When a line below contains the word "GRADING", copy that line.

****************

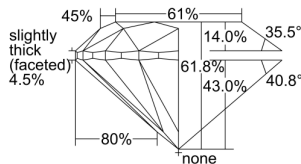

GIA®

FACSIMILE

GIA REPORT 2474577358

Verify this report at GIA.edu

GIA NATURAL DIAMOND DOSSIER®

September 15, 2023
GIA Report Number 2474577358
Shape and Cutting Style ..... Round Brilliant
Measurements ..... 5.89 - 5.92 x 3.65 mm

GRADING RESULTS

Carat Weight ..... 0.80 carat
Color Grade ..... K
Clarity Grade VS1
Cut Grade ..... Excellent

ADDITIONAL GRADING INFORMATION

Polish ..... Excellent
Symmetry ..... Excellent
Fluorescence ..... None
Clarity Characteristics ..... Cloud, Needle
Inscription(s): GIA 2474577358

PROPORTIONS

Profile to actual proportions

GRADING SCALES

GIA COLOR SCALE	GIA CLARITY SCALE	GIA CUT SCALE	
D	FLAWLESS	EXCELLENT	
E	INTERNALLY FLAWLESS		
F		VVS₁	VERY GOOD
G	VVS₂		
H	VS₁	GOOD	
I	VS₂		
J	SI₁	FAIR	
K	SI₂		
L	I₁	POOR	
M	I₂		
N	I₃		
O			
P			
Q			
R			
S			
T			
U			
V			
W			
X			
Y			
Z

****************

◆ **OUTPUT FOR THIS TASK**:
GRADING RESULTS
ADDITIONAL GRADING INFORMATION
GRADING SCALES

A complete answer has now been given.